- **The problem**
Read through the data and count the lines that contain the string "tubi"; give only the result.

[Extracted data entries]
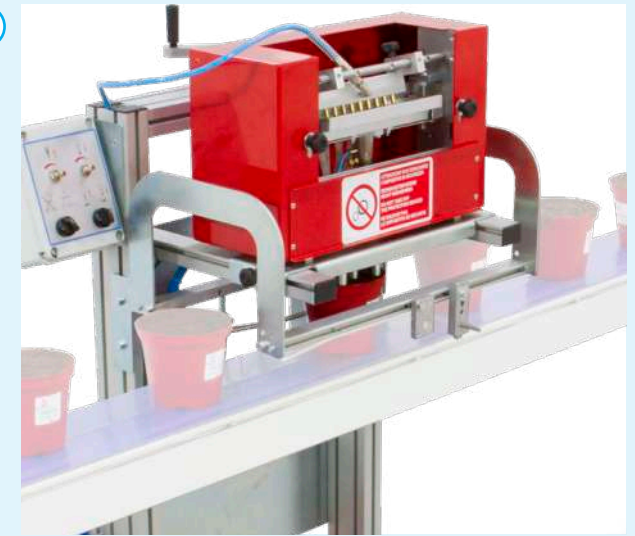

Invasatrice IA3500 a testata singola: è in grado di lavorare con vasi da 8 a 25 cm, di diverse forme e materiali.

La posizione  
e l'altezza dei  
**braccetti  
scolmatori**  
sono regolabili  
manualmente:  
il **materiale  
in eccesso**  
rimosso viene  
automaticamente  
**rimesso  
in circolo.**

39

**Seminatrice meccanica a spaglio** per aromatiche. Installata sulla giostra.

**DISPONIBILE PER:**

IA3500, IA2500, IA2400

40

**Seminatrice meccanica** per aromatiche, completa di quadro elettrico, blocco vasi e caduta semi guidata con tubi o a spaglio.

**DISPONIBILE PER:**

IA3500, IA2500, IA2400

41

**Seminatrice pneumatica per vasi mod. SV**, con caduta semi guidata con tubi o a spaglio.

**DISPONIBILE PER:**

IA3500, IA2500, IA2400, o COLLEGATA CON QUALSIASI ALTRA MACCHINA

42

**Seminatrice meccanica** per grandi semi.

**DISPONIBILE PER:**

IA3500, IA2500, IA2400

**Distributore speciale** per vasi difficili da separare.

43

**DISPONIBILE PER:**

IA3500, IA2500, IA2400
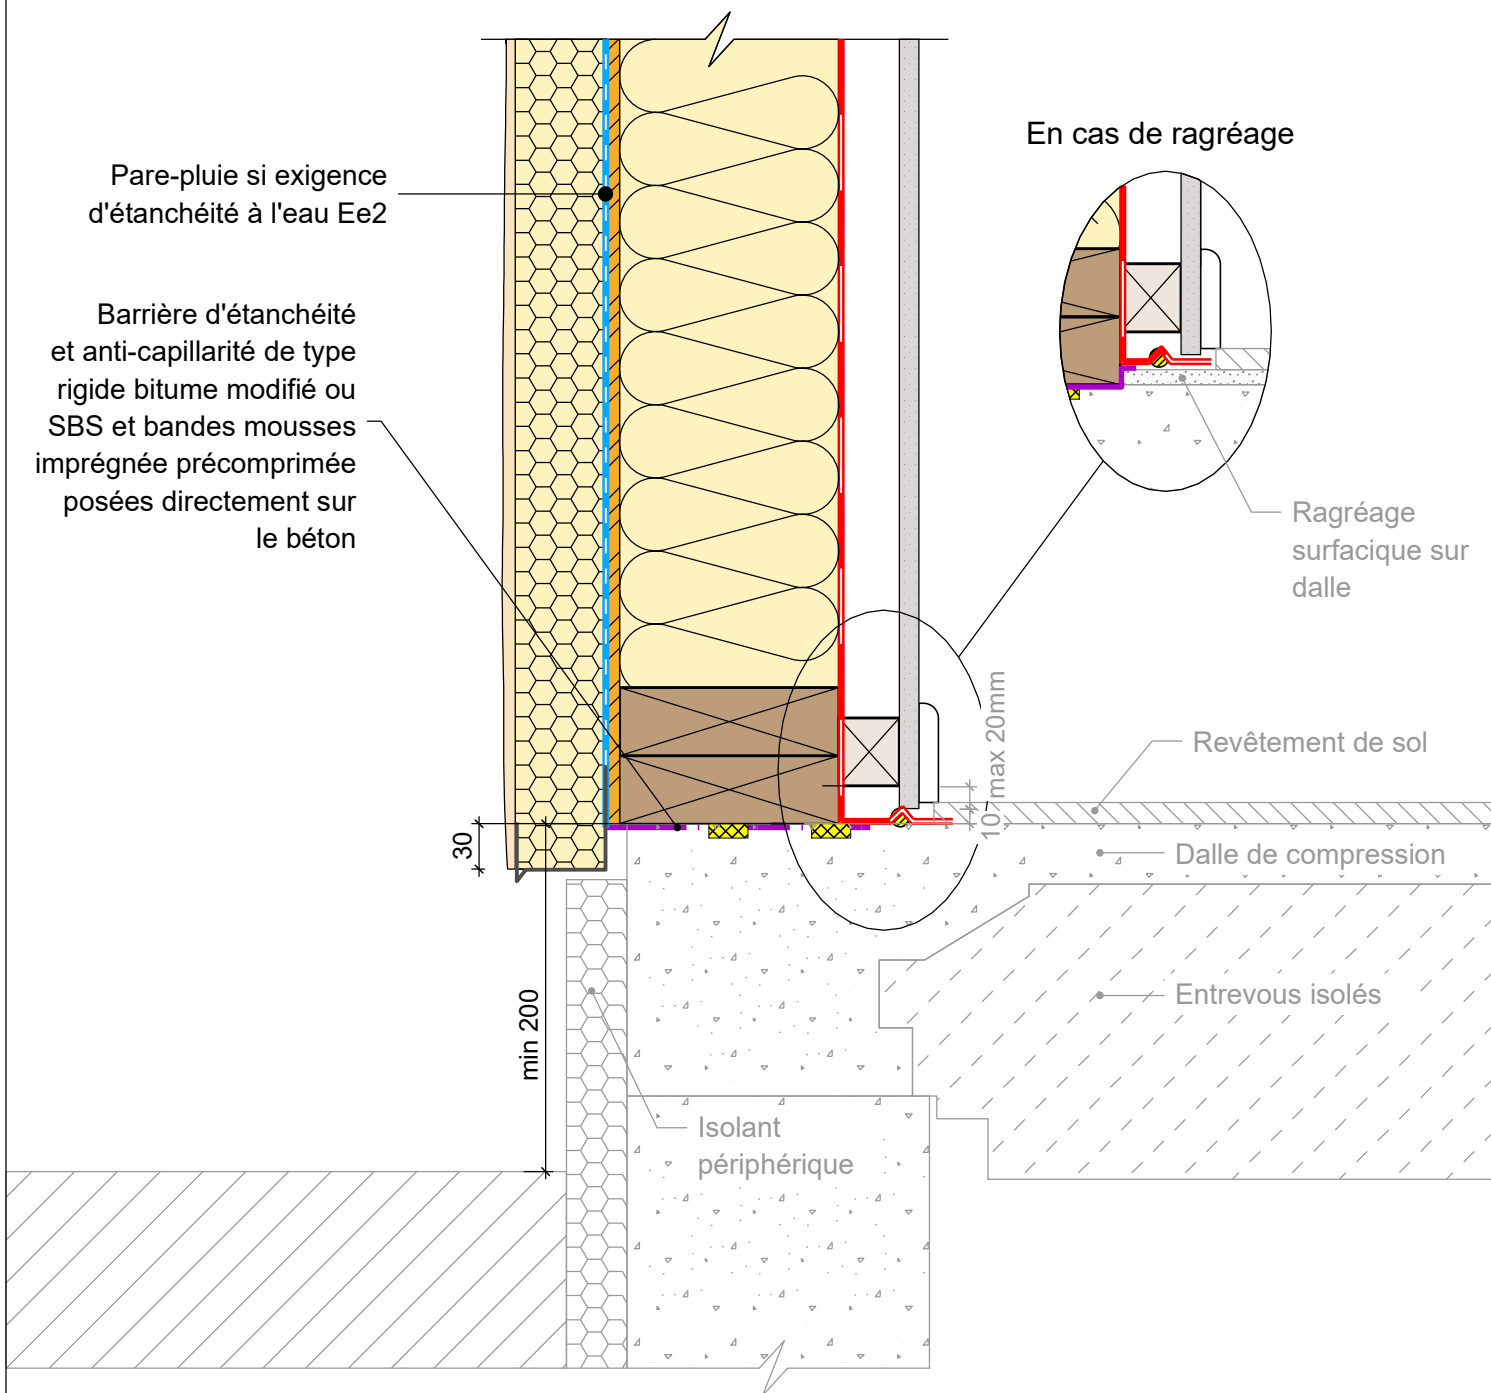

COMPLEMENT LEGENDE

- Mousse imprégnée pré-comprimée
- Collage mastic

MUR EXTERIEUR TYPE 7: Isolant en âme et ITE avec finition enduit
Détail pied de mur - plancher à poutrelles et entrevous isolants

26/07/2023

ME07-10

Vue en coupe verticale

Ech 1/5

Il est rappelé à l'utilisateur qui consulte le site et utilise les informations qu'il contient, qu'il doit les utiliser sous sa seule responsabilité en vérifiant leur pertinence, leur cohérence et leur non obsolescence.

catalogue-bois-construction.fr

- **Response area**
2